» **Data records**
=-=-=
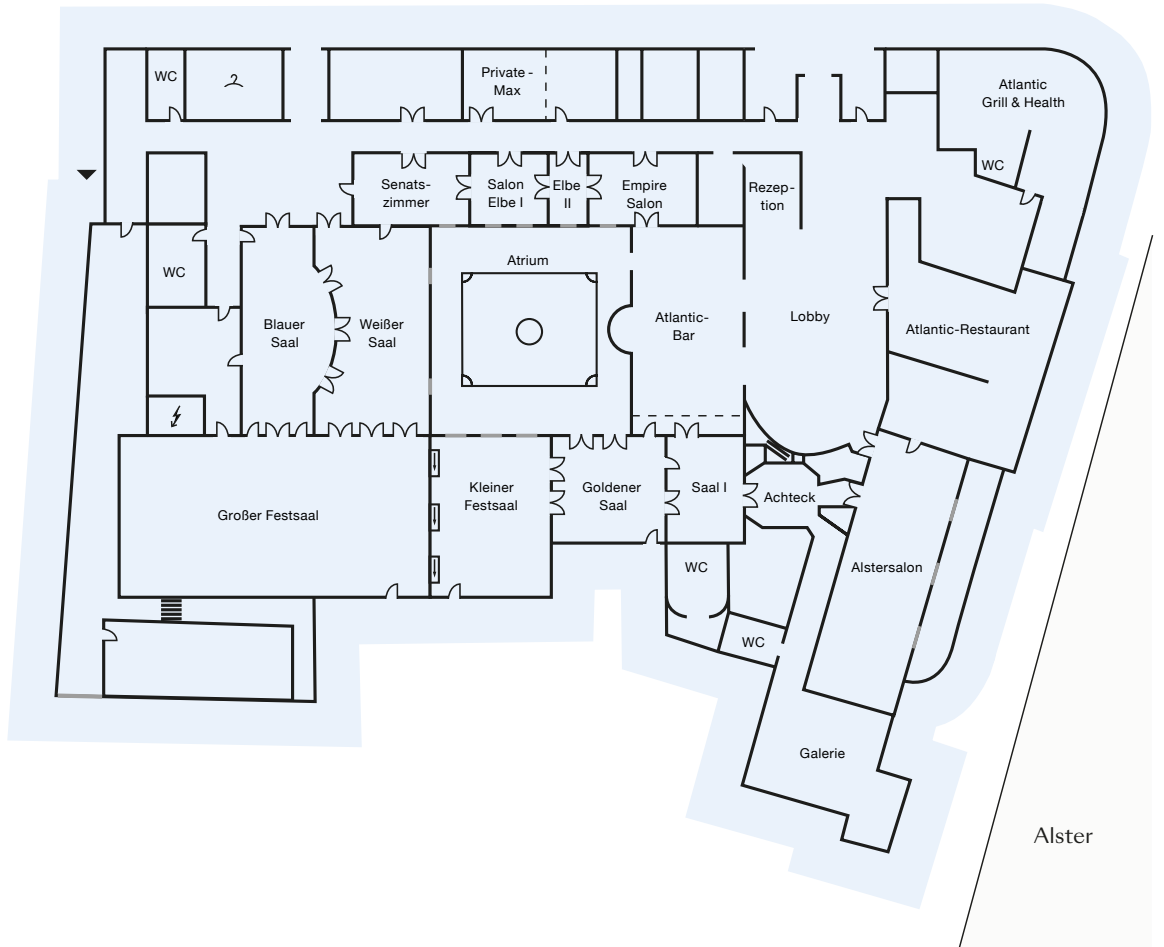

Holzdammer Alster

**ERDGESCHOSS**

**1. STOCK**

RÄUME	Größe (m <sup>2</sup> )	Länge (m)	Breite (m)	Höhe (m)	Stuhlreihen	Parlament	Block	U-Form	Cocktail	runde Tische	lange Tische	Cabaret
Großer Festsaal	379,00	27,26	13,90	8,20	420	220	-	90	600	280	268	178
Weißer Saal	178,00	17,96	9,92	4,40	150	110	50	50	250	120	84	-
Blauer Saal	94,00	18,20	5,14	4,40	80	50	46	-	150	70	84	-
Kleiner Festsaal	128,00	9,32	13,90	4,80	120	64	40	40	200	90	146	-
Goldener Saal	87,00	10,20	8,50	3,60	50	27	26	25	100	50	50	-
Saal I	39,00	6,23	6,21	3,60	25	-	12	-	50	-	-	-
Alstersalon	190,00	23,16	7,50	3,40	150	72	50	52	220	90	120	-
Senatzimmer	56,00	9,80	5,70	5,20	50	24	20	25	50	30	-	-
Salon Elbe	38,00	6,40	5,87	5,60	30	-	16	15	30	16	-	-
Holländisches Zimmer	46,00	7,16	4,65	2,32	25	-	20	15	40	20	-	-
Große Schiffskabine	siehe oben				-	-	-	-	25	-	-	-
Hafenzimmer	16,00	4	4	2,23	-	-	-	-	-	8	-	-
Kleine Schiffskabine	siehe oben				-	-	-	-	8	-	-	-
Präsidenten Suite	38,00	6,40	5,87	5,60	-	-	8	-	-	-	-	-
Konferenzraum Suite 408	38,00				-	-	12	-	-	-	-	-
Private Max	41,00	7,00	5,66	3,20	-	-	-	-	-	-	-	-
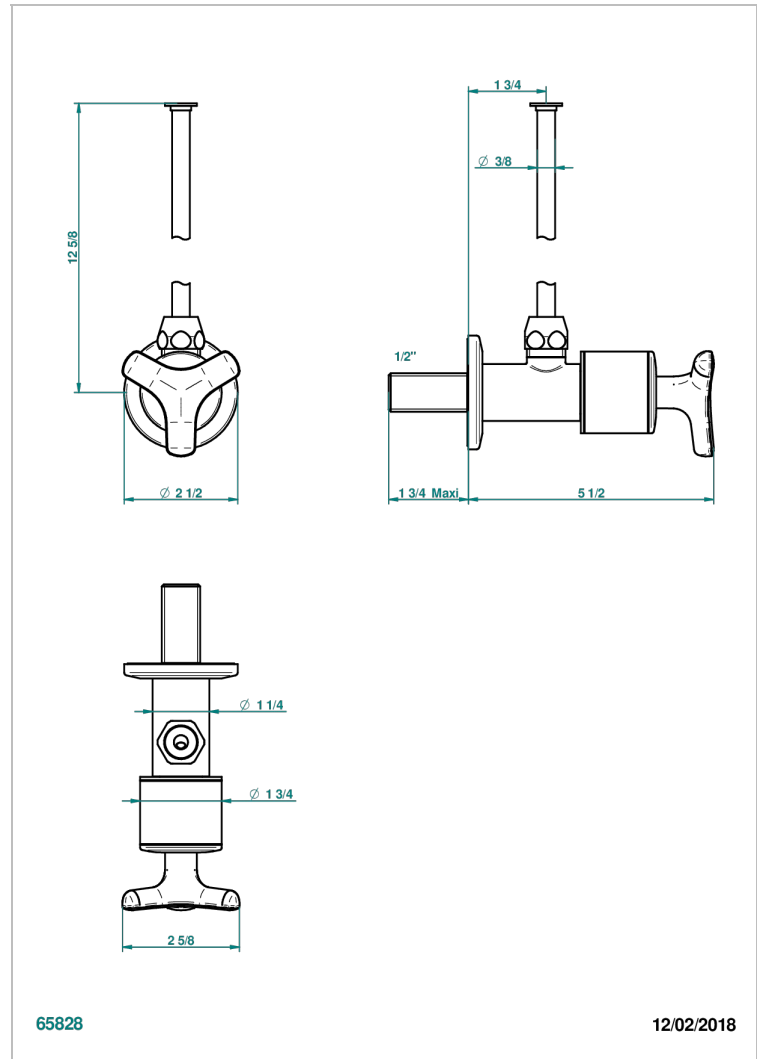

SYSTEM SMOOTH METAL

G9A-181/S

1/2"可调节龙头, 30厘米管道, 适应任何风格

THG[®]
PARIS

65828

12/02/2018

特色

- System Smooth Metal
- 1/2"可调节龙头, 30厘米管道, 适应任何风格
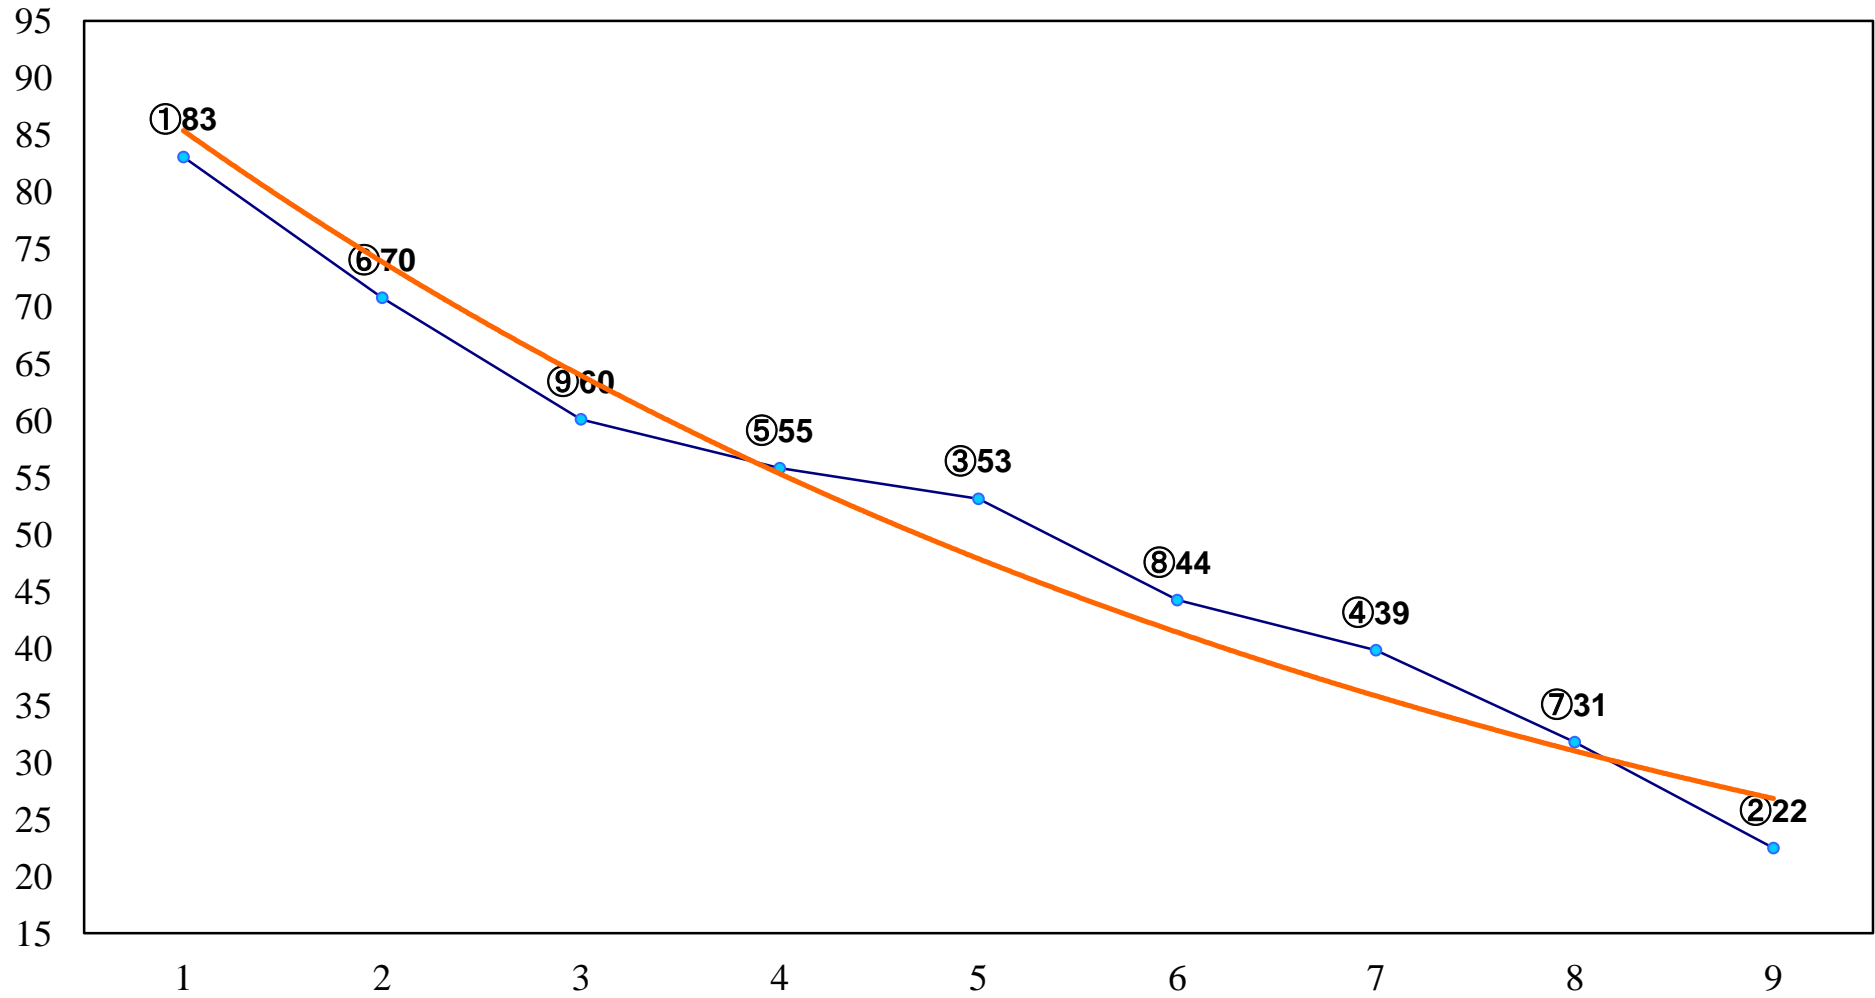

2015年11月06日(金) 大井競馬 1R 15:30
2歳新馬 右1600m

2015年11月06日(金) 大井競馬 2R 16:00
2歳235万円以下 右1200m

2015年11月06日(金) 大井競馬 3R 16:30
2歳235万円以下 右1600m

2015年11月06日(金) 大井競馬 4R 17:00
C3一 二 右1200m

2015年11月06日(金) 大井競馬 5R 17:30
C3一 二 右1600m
=-=-=
» **What the task asks**
Track down every line in the entries that includes the string "Suite", and copy it.

» **Response below**
Präsidenten Suite	38,00	6,40	5,87	5,60	-	-	8	-	-	-	-	-
Konferenzraum Suite 408	38,00				-	-	12	-	-	-	-	-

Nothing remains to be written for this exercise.